To further probe the importance of bases near the guanidinium, we used equilibrium dialysis to measure the Kd for individual mutants at four conserved residues within the binding pocket (Figure 3). Under these conditions, the guanidinium (a chaotropic agent) is present in trace amounts, eliminating the possibility of denaturing effects on the RNA. The wild type S. acidophilus guanidine riboswitch and the crystal construct with an engineered iridium hexamine binding site have an equilibrium binding affinity of 20 μM, which is comparable to the affinity measured by in-line probing for guanidine-I riboswitches from other bacteria (Nelson et al, 2016). In contrast, G45A and G90A both exhibited less than 10% binding at the highest RNA concentration possible in the assay. This corresponds to binding defects of more than 100-fold. Mutation of either G45 or G90 is predicted to disrupt a hydrogen bond between a guanidinium NH2 and a carbonyl oxygen on the RNA base. We also measured binding to the G72C mutation to explore the effects of possible cation-π interactions. G72C showed less than 10% binding at the highest concentration range tested. The A46C mutant showed a 40-fold binding defect, consistent with the structural observation that guanidinium H-bond donors are too distant to form strong hydrogen bonds with the N1 of A46 (3.5 Å). This nucleotide may sterically constrain the size of the binding pocket.
Figure 3. Binding affinity of [14C]-guanidinium to the wild type riboswitch and point mutants by equilibrium dialysis.
All point mutants are done in the background of the wild type RNA. WT, G45A, G90A, A46C, and G72C are represented by closed diamonds, circles, squares, triangles, and inverted triangles, respectively. The crystal construct, which contains an iridium hexamine binding site, is labeled “Ir.Hex. site” in the figure and represented by open diamonds. The data are fit to a hyperbolic curve. For the point mutants, Bmax is constrained to 1.0 (see experimental procedures section for more information). Fraction bound is shown with standard error bars with two replicates for each data point.
Critical tertiary contacts between helix P1a and helix P3
The main tertiary contacts within the aptamer are formed by docking the P3 helix into P1a, an interaction that is critical for creating the binding pocket. P3 specifically recognizes the P1a minor groove through A-minor interactions. A highly conserved series of two base triples and a base quadruple in P1a open the minor groove, which allows contact with a highly conserved run of A’s in the hairpin loop of P3. A81, A82, and A83 form A-minor interactions with the P1a helix (Figures 4A and 4B). A81 and A82 form type II A-minor interactions with G17 and G16, respectively, while A83 forms a type I A-minor interaction with the G15-C42 base pair (Figure 4B).

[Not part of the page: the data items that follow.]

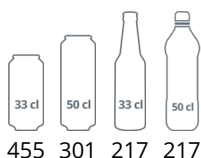

CEV425 BLACK L/H

Flaskekøleskab, venstrehængt dør

Produktegenskaber

- Venstrehængt glasdør
- Sort indvendig og udvendig
- Elegant design
- Fantastisk produktpræsentation
- Ekstra hyldeplads
- LED-lys i dørramme
- Justerbare hylder
- Køling med ventilator

Design og materialer		Mål og indhold		Strøm og forbrug	
Dørantal & type	1 venstrehængslet glasdør	Temperatur-interval	°C +2 til +10	Energiklassificering	D
Sikkerhedsglas	Ja	Klimaklasse	4	Energiforbrug	kWh/24t 2.2
Vendbar dør	Ja	Brutto-/ Nettovægt	kg 80 / 75	Årligt energiforbrug	kWh/år 803
Hylde-antal & type	5 trådhylder, sort	Brutto-/ Nettovolumen	l 372 / 347	Effekt	W 295
Hyldefarve	Sort	Køling og funktioner		Spænding / Frekvens	V/Hz 220-240/50
Hyldedimension	490 x 360 mm	Termostat, type	Mekanisk	Lydniveau	dB(A) 45
Max. belastning på hylde	kg/m ² 196	Køling, type	Med ventilator	Dimensioner	
Fødder / ben	2 justerbare fødder	Afrimning, type	Automatisk	Indvendige mål (BxDxH)	mm 470 x 440 x 1555
Hjul	2 hjul	Kølemiddel	R600a	Udvendige mål (BxDxH)	mm 595 x 640 x 1840
Eksteriør	Sort	Kølemiddel, mængde	g 70	Pakkemål (BxDxH)	mm 665 x 710 x 2000
Interiør	Sort	Termometer	Ja	40' container kapacitet	stk 54
Indvendigt lys	LED i dørramme				
Lås	Ja

Figure 4. Long-range tertiary interactions involving highly conserved bases.
(A) Side view of the highly conserved A patch (A80-A83) and adjacent bases (G15-G17) involved in A-minor interactions. The color scheme is the same as in 1B and C.
(B) Detailed view of A-minor interactions between helix P1a and the A patch in P3.
(C) Highly conserved base triples and a base quadruple in helix P1a.
(D) Strontium ions Sr-3 and Sr-7 in the crystal structure coordinating P1a and P3 phosphate oxygens. Thin, black lines indicate inner sphere coordination.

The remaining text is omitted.